Thread pool without work stealing
nhukc opened this issue · comments
We are using a rayon thread pool to run a rust-based userspace driver. A mutex must be acquired before calls can be made to the driver.
We are running into a common deadlock problem with rayon work-stealing.
This issue occurs because the third party code that invokes our driver is also using rayon.
The deadlock results from the following events:
- Third party global thread pool is running N jobs
- Third party thread A invokes our library
- Third party thread A acquires our driver mutex
- Third party thread A creates a scope within our driver thread pool
- Third party thread A steals work
- Third party thread A invokes our library
- Third party thread A is waiting on a lock that it already holds.
- Deadlock
The rayon thread pool API fits our use-case perfectly, but the implementation detail of work-stealing causes deadlocks.

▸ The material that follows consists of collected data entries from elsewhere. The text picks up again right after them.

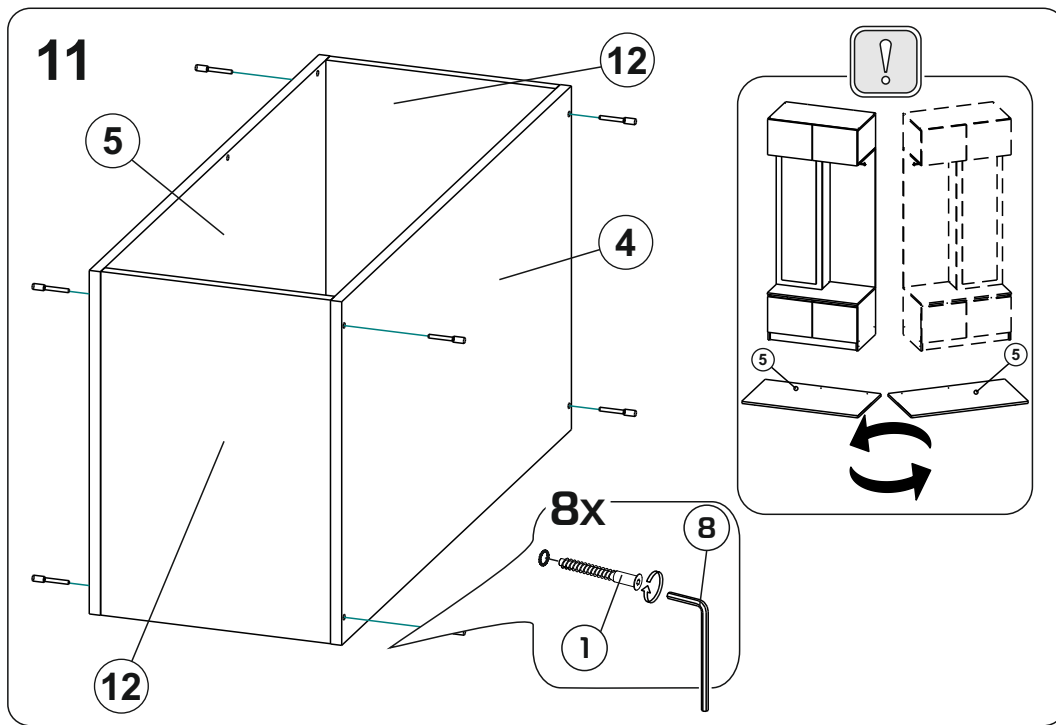

Модульная система "Авиньон" Вешалка с зеркалом

900x2216x506мм
ШxВxГ

Уважаемые покупатели! Идеального качества сборки можно добиться только путем привлечения **ПРОФЕССИОНАЛЬНОГО** (толкового) сборщика мебели.

ОСТОРОЖНО! Во избежание сколов и порчи деталей будьте аккуратны во время сборки.

Все замечания и пожелания присылайте по адресу mebelesopoty@mail.ru, они будут рассмотрены **НЕЗАМЕДЛИТЕЛЬНО**.

- | | | | |
|----|------------------|----|-----------------|
| 1 | 1378x450x16 (x1) | 11 | 366x490x16 (x1) |
| 2 | 1368x458x16 (x1) | 12 | 328x490x16 (x2) |
| 3 | 900x506x16 (x1) | 13 | 356x445x16 (x4) |
| 4 | 900x490x16 (x1) | 14 | 418x250x16 (x3) |
| 5 | 900x490x16 (x1) | 15 | 418x250x16 (x2) |
| 6 | 866x490x16 (x1) | 16 | 866x80x16 (x1) |
| 7 | 1378x250x3 (x1) | 17 | 895x395x3 (x1) |
| 8 | 1378x250x16 (x1) | 18 | 895x357x3 (x1) |
| 9 | 462x490x16 (x1) | 19 | 1375x447x3 (x1) |
| 10 | 462x490x16 (x1) | | |

Is there an easy way to modify the thread pool internals to prevent work-stealing?
I'm not looking to merge with upstream unless this feature is wanted by others. I'd be OK with maintaining a non-work-stealing fork if a maintainer could give me some tips for how to do this.
It may be worth noting that our driver thread pool executes exactly as many jobs as there are threads in the pool.
The general issue with Mutex
is also described in #592.
One of the ideas in that thread is to have a fully-blocking version of ThreadPool::install
, so cross-pool calls won't work-steal in the first one anymore. In your scenario, that should block "third party thread A" until your driver is done.
Yes, that would solve my problem.
Is there any on-going work in that direction? Or tips for how to implement such a feature?
It looks like the meat of the work would be in and around this function.
rayon/rayon-core/src/registry.rs
Line 533 in 3e3962c
Or rather, avoid that function in this case and call in_worker_cold
instead.